Losing a pet is devastating for the entire family. You can do your best to ensure your pet is kept on a leash, and your yard secure but sometimes accidents just happen. One of the ways to ensure that your pet is returned home is to have some sort of identification should a stranger happen to find him or her.

One of the easiest and most effective ways is to have your pet wear a collar with identification at all times. The identification could be a tag with your pet’s name, address and phone number or written on the collar itself. If you do not want your information visible your pet’s rabies tag is a good option. This unique number will easily identify your pet when the clinic that issued the tag is contacted. Tags too noisy? Consider an engraved collar, which is a great alternative to tags and they are custom made for both fit and style!

Tattoos are another way to identify your pet. Tattoos are permanent and visible. A quick trip to a veterinary clinic or the Regina Humane Society can link the tattoo to its owner. Did you know that the first letter of a tattoo belongs to the clinic that tattooed the pet? That’s right V is for Victoria Vet Clinic!

Pet owners should be aware that tattoos are only good city wide, so if you move beyond Regina and surrounding area, your pet’s tattoo will not help in their return home. Overtime tattoos may blur or fade, so we recommend that tattoos be used with microchips for added security. Since tattoos can only be given under general anesthetic have your pet receive it when they are spayed or neutered.
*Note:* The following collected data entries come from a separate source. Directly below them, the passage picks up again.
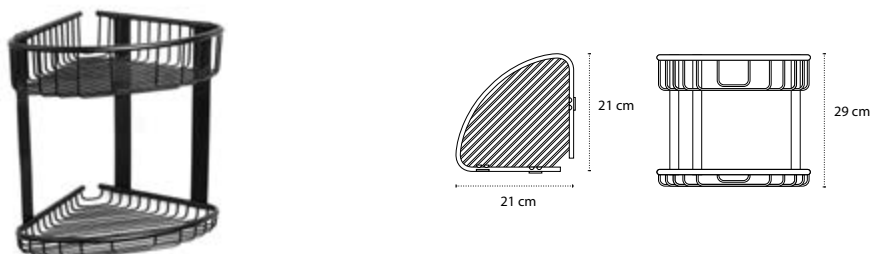

Porta spugna • Panier à savon • Corner basket • Γωνιακό καλάθι

963855

| 79,90 €

Cod. 3800201584401

Porta spugna • Panier à savon • Corner basket • Γωνιακό καλάθι

963955

| 149,90 €

Cod. 3800201584432
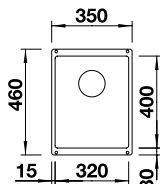

Découpe : 320 x 400 mm
Profondeur : 190 mm
Dimensions extérieures :
350 x 460 mm

- 400 mm Sous-meuble
- Montage par le dessous
- Rayon 10 mm
- InFino manuel

Equipement ultérieur de la télécommande d'écoulement avec le kit de vidange automatique InFino + tirette (dès la p. 151)

		PRIX
	noir	525 983 631
	anthracite	523 406 631
	gris rocher	523 407 631
	gris volcanique	527 343 631
	blanc	523 410 631
	blanc cassé	527 160 631
	tartufo	523 414 631
	café	523 415 631
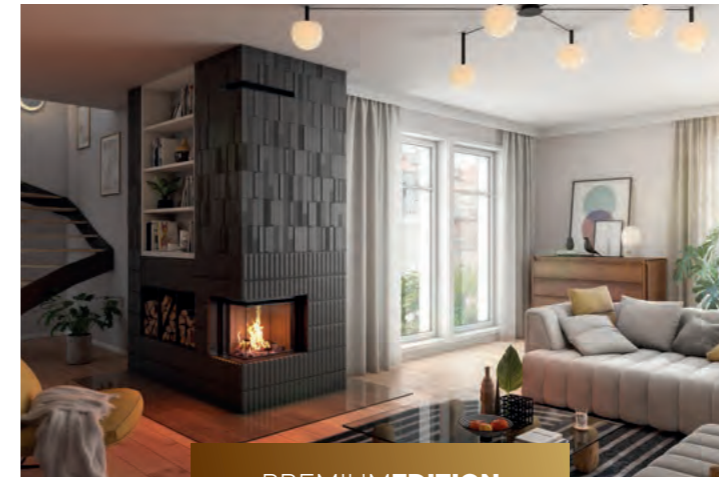

PREMIUMEDITION
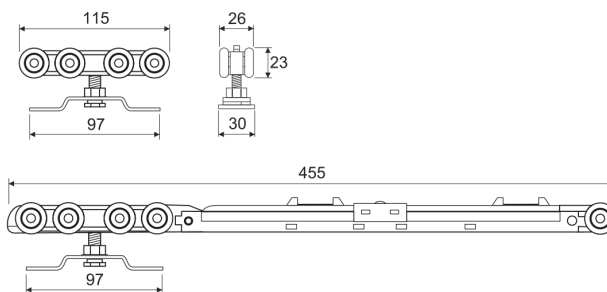

## Componentes

Kit para 01 porta. Código: RR80T.1

Item	Componente	Quant.
1	Carrinho Superior com amortecedor	01
2	Carrinho Superior	01
3	Placa Freio	02
4	Suporte Carrinho	02
5	Guia metálica com rolamento	01
6	Parafuso M8x35 Carrinho	02
7	Parafuso AACC4x25 Placa de fixação	12
8	Chave de Regulação	01
9	Trilho Superior	3m
10	Perfil fixador parede	3m
11	Perfil decorativo	3m

## Dimensões
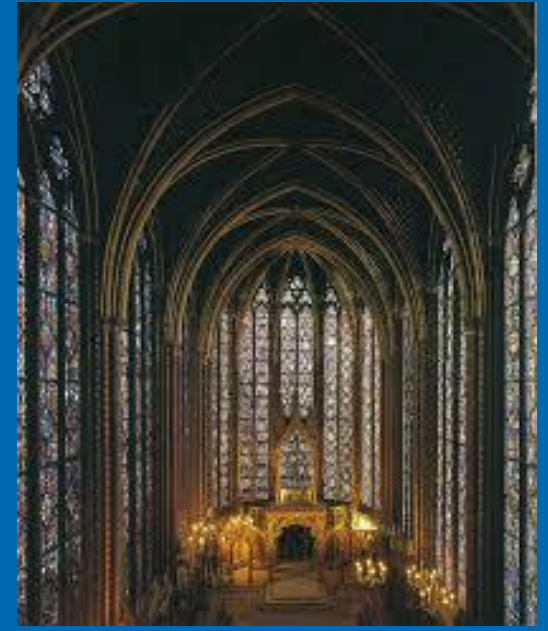

Архитектура Средневековья.

Романский стиль :

Вид внутри:

17484. P. Z. - SCHLOSS MANNHEIM, MANSTEIN, SAARLAND

Готический стиль:

Русская архитектура:
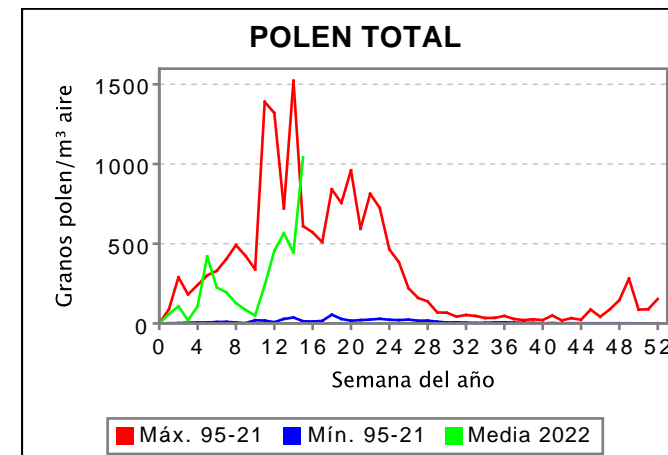

# RED PALINOCAM.Sistema de Vigilancia de Polen en la Comunidad de Madrid

## BOLETÍN DE INFORMACIÓN SEMANAL POR CAPTADOR

Semana 18/2022 del 02/05/2022 al 08/05/2022. Captador de Leganés

Granos de polen por m<sup>3</sup> de aire

	POAC	PLAT	PLAN	POLEN TOTAL
L	ND	ND	ND	ND
M	ND	ND	ND	ND
X	ND	ND	ND	ND
J	ND	ND	ND	ND
V	ND	ND	ND	ND
S	ND	ND	ND	ND
D	ND	ND	ND	ND
MEDIA	ND	ND	ND	ND
MAX	ND	ND	ND	ND
MIN	ND	ND	ND	ND
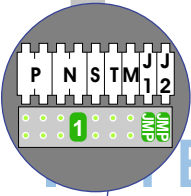

M-50

De aders moeten echt OP de connector doorgelust worden!

De twee stijgers echt OP de klemmen van E-67 aansluiten!

nelec

Max. 100 meter systeemkabel tot laatste videofoon

Pot.vrij contact
tbv deuropener
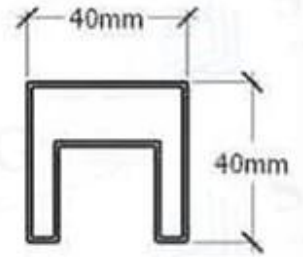

Handrail Top
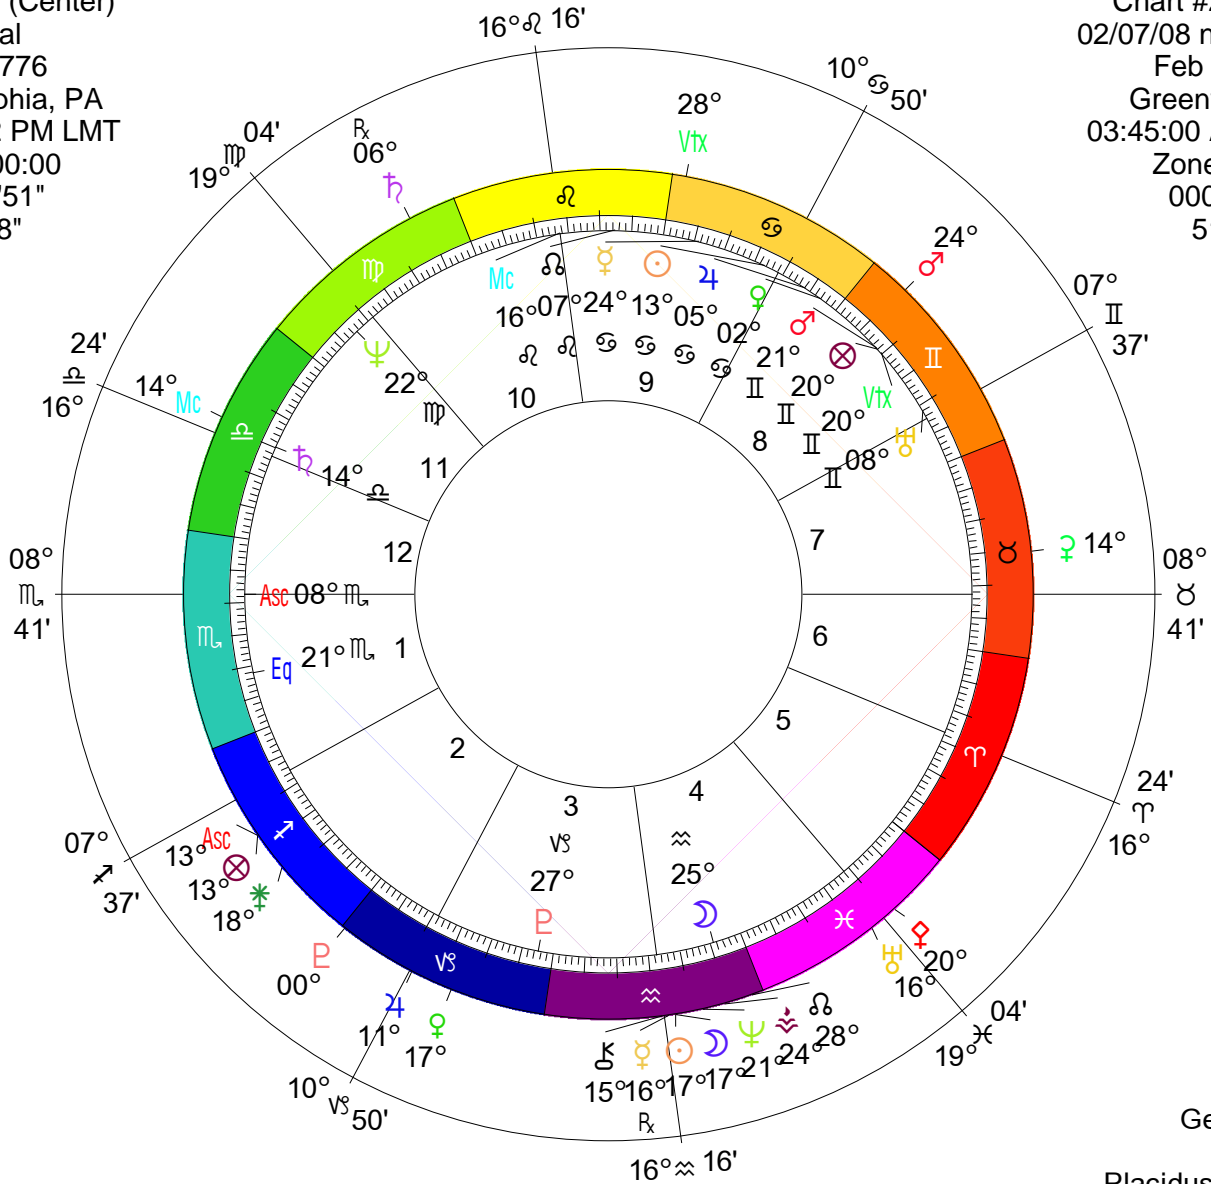

Chart #1 (Center)  
 U.S. Natal  
 Jul 04, 1776  
 Philadelphia, PA  
 02:21:32 PM LMT  
 Zone: +00:00  
 075W09'51"  
 39N57'08"

Chart #2 (Outer)  
 02/07/08 newMoon  
 Feb 07, 2008  
 Greenwich, UK  
 03:45:00 AM GMT  
 Zone: +00:00  
 000W00'00"  
 51N29'00"

Geocentric  
 Tropical  
 Placidus Houses

Columns: U.S. Natal  
 Rows: 02/07/08 newMoon

	☾	☉	♃	♄	♅	♆	♇	♈	♉	♊	♋	♌	♍	♎	♏	♐	♑	♒	♓
☾	♂			♂	♂														
☉	♂			♂	♂														
♃	♂	♂		♂	♂														
♄		♂	♂																
♅			♂	♂															
♆																			
♇																			
♈																			
♉																			
♊																			
♋																			
♌																			
♍																			
♎																			
♏																			
♐																			
♑																			
♒																			
♓																			
Asc																			

U.S. Natal

PI	Planet	Geo Lon	Rx
☾	Moon	25° ≈ 29'	
☉	Sun	13° ≈ 13'	
♃	Mercury	24° ≈ 15'	Rx
♄	Venus	02° ≈ 58'	
♅	Mars	21° II 18'	
♆	Jupiter	05° ≈ 54'	
♇	Saturn	14° ≈ 48'	
♈	Uranus	08° II 55'	
♉	Neptune	22° ≈ 25'	
♊	Pluto	27° ≈ 34'	Rx
♋	Node	07° ≈ 36'	
Mc	Midheaven	16° ≈ 16'	
Asc	Ascendant	08° ≈ 41'	
⊗	Part Fortn	20° II 58'	

Fir	Ear	Air	Wat
0	2	4	4
Crd	Fix	Mut	
6	1	3	

02/07/08 newMoon

PI	Planet	Geo Lon	Rx
☾	Moon	17° ≈ 44'	
☉	Sun	17° ≈ 44'	
♃	Mercury	16° ≈ 52'	Rx
♄	Venus	17° ≈ 01'	
♅	Mars	24° II 24'	
♆	Jupiter	11° ≈ 12'	
♇	Saturn	06° ≈ 31'	Rx
♈	Uranus	16° ≈ 57'	
♉	Neptune	21° ≈ 34'	
♊	Pluto	00° ≈ 21'	
♋	Node	28° ≈ 22'	
Mc	Midheaven	14° ≈ 01'	
Asc	Ascendant	13° ≈ 10'	
⊗	Part Fortn	13° ≈ 10'

Microchips. A microchip is a permanent form of identification placed under the skin between the shoulder blades of your pet. The chip can be implanted at any time and is read by a scanner which will identify the owner. Most microchips also come with an identification tag which not only indicates that there is a microchip present but also provide a unique ID number that will identify the owner once the microchip company is contacted. Most microchips are good throughout North America while others are good internationally. Microchips are often required to register pedigreed dogs and sometimes for international travel. Be sure to inquire which type of chip may be required if these are concerns.

Remember that none of these forms of identification will work if your information is not current. Renew your license yearly and be sure to include your pet’s tattoo number and microchip number as these are often forgotten.

If you move be sure to call the microchip company and veterinarian to update your information. We can’t call you if your pet turns up and we do not have a current phone number. If you are traveling and will be unavailable, make sure your have updated your emergency contact person as well. Just a few simple tools can make all the difference when it comes to finding your lost pet.